Despite Sarkozy's good intentions, not much has changed

French Jews say anti-Semitism is still rife in France.

french flag graphic 88 (photo credit:)
french flag graphic 88
(photo credit: )
Anti-Semitism contributed to Mimi Marks's decision to leave France 10 years ago, so it was with mixed feelings that she observed the pomp and ceremony surrounding the Israeli visit of French President Nicholas Sarkozy and his wife this week. "I left France nearly 10 years ago, and every time I go back [anti-Semitism] gets worse and worse... it did affect my decision to come [to Israel]... We feel the situation [there] is out of control." Still, Sarkozy's visit struck a chord with many French immigrants like Marks. She is one of 21,000 Jews who have made aliya from France in the last 10 years, according to The Jewish Agency. In light of France's sometimes fragile relationship with its own Jewry, Sarkozy's support is especially significant. "Jewish people like Sarkozy in France and also here," said Raphael Aouate, who made aliya from France three years ago. "He said good things about Jews and Israel. It's quite new, because [Jacques] Chirac was not at all like that. He was aggressive with Israel." Sarkozy's agenda for his three-day trip contrasts significantly from that of his predecessor, whose presidential visit in 1996 was criticized in some quarters for directing its focus on the Arab population. Many French Jews celebrate Sarkozy as a notable improvement for Israel and for the Jewish people, and are encouraged by his presence in the country. "We all voted for [Sarkozy] because we thought he was able to bring a change to anti-Semitism and crime," Marks said. "He has a strong opinion against it." But despite the public support of Sarkozy, many French olim believe it naive to claim that the situation for French Jews has improved since his election.
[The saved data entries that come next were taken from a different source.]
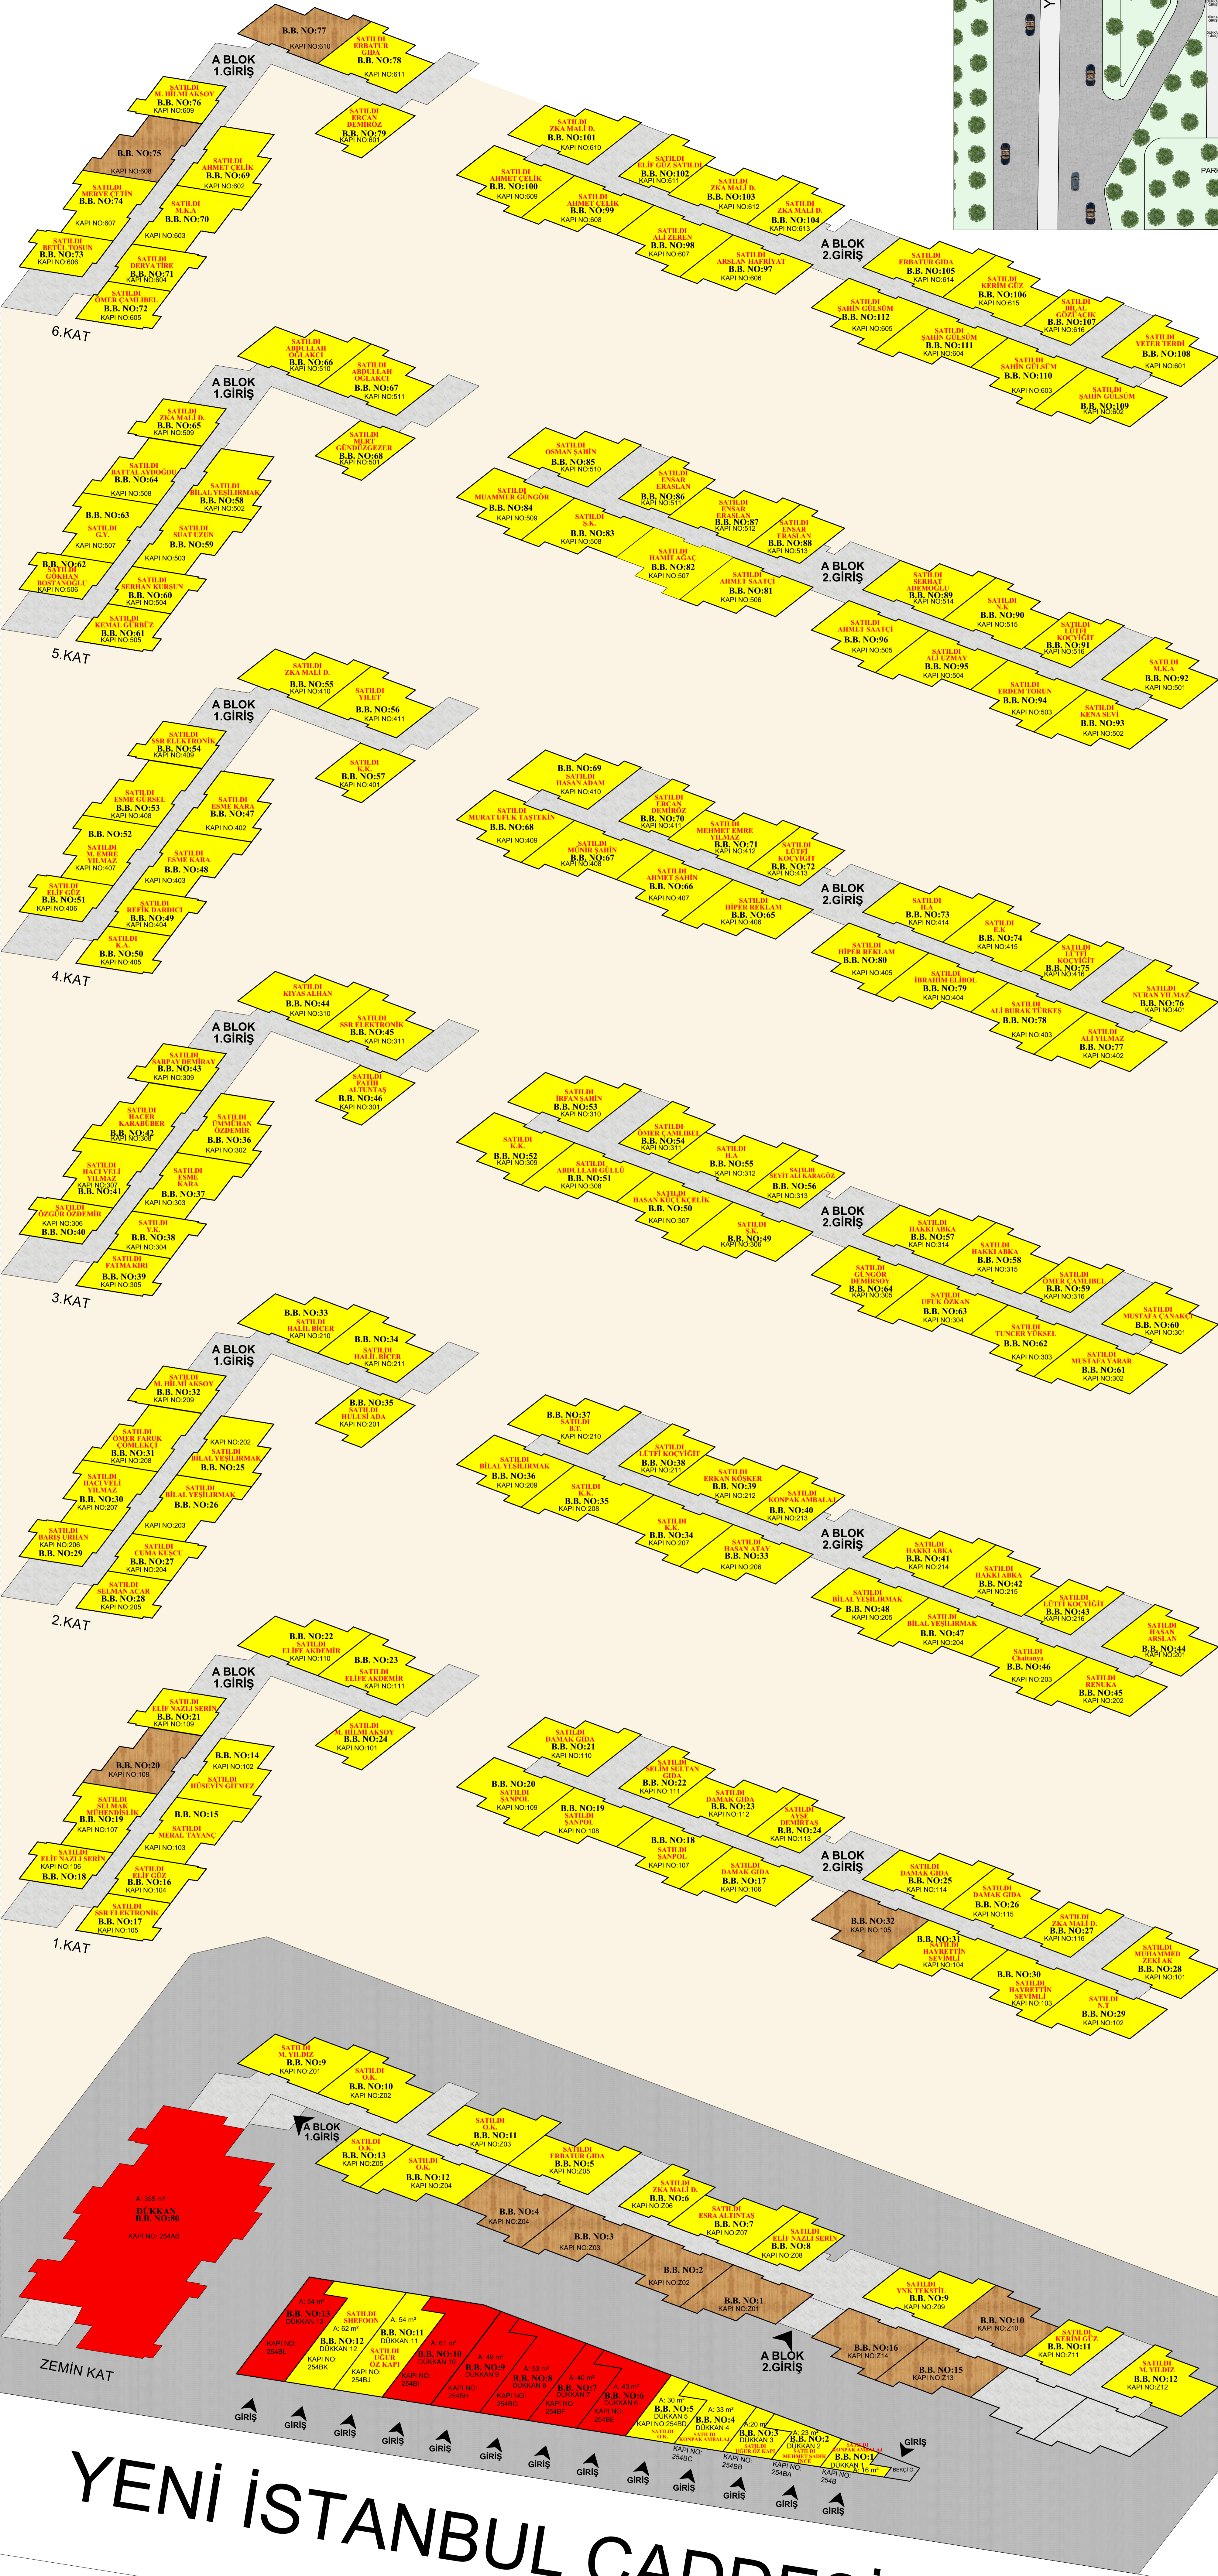

FORUM REZİDANS

YENİ İSTANBUL CADDESİ

- 1+0 BİRİMLER
- 1+1 BİRİMLER
- DÜKKANLAR
- SATILAN BİRİMLER

*AVAN PROJEDİR.ONAYLI PROJEDE METREKARELER DEĞİŞİKLİK GÖSTEREBİLİR.
*ONAYLI PROJEDE BAĞIMSIZ BÖLÜM NUMARALARI DEĞİŞİKLİK GÖSTEREBİLİR.
*TÜM GÖRSEL ÇALIŞIMLAR TANITIM VE BİLGİ AMAÇLIDIR.
*ÇAĞLAYAN KIZILKAYA İNŞ. A.Ş. PROJEDE DEĞİŞİKLİK YAPMA HAKKINI SAKLI TUTAR.

In fact, just hours before Sarkozy's plane touched down at Ben-Gurion International Airport, a Jewish Parisian teenager was left comatose after what was deemed an anti-Semitic assault. "I'm almost sure it would be an error to think things have changed," said Aouate, "You can't say that one man, even if he is the president of a nation, can change mentalities." The visit to Israel by Sarkozy, a self-proclaimed friend of Israel, reflects the increasingly positive relationship between Israel and France, something many French Jews are happy about. "Obviously it's good for France to have a good relationship with Israel," said Marks.